▶ _Exercise details_:
Only the lines containing "CENTER" should appear in the answer, copied from the listing below.

Input data section start

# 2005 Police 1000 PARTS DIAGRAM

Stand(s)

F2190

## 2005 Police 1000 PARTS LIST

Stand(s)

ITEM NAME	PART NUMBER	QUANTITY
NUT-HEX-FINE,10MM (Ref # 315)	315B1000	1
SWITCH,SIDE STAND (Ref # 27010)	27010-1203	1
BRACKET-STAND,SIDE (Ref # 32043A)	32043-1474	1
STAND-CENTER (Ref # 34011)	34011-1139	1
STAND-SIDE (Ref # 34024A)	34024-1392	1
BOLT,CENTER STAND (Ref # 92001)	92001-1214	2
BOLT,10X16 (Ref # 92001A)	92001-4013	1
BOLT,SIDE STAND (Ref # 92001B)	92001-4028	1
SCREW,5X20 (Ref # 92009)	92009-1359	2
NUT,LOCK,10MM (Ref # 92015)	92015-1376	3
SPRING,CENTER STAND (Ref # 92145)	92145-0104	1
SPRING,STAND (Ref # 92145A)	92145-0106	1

Input data section end
Input data section start

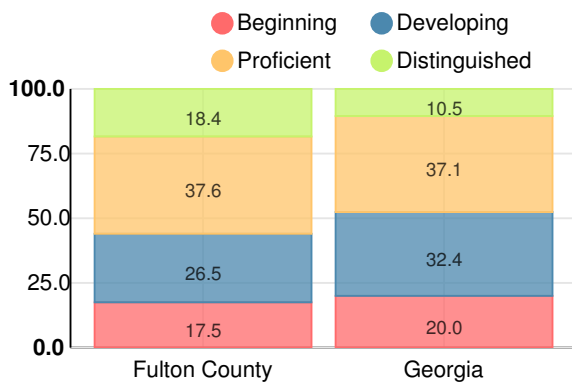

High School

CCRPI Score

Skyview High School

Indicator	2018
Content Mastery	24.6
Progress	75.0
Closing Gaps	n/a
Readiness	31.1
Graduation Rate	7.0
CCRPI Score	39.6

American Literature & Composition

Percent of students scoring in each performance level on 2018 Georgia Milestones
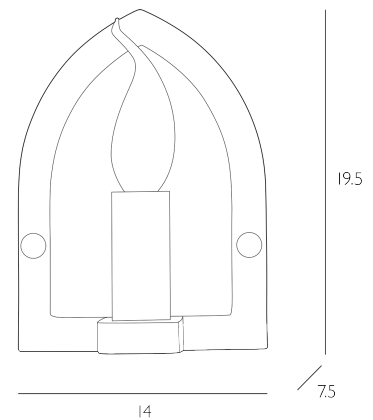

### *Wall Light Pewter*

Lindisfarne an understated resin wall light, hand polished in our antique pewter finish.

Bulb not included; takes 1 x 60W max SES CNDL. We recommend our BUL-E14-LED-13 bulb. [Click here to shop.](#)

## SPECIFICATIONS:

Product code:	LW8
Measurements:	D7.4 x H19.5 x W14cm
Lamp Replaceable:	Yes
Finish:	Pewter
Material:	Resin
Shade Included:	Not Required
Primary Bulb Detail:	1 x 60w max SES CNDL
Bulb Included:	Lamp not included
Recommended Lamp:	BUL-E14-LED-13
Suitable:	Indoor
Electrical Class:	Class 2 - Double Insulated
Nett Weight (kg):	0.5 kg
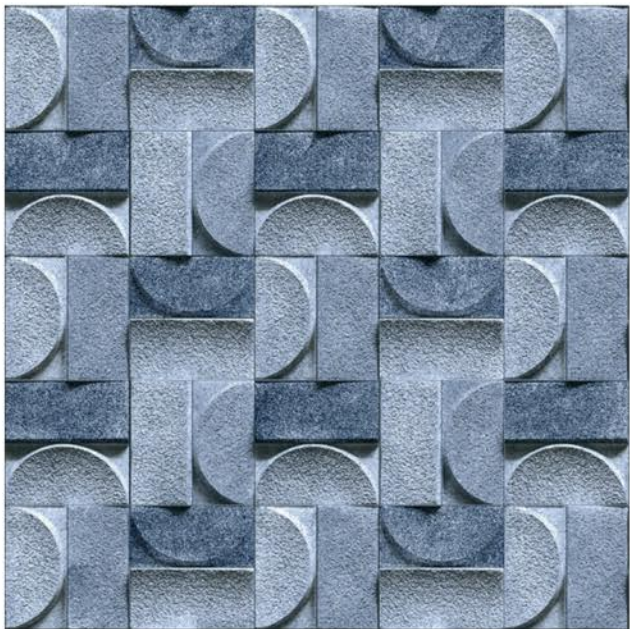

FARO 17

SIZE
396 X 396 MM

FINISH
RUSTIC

Input data section end

▶ _Answer space_:
STAND-CENTER (Ref # 34011)	34011-1139	1
BOLT,CENTER STAND (Ref # 92001)	92001-1214	2
SPRING,CENTER STAND (Ref # 92145)	92145-0104	1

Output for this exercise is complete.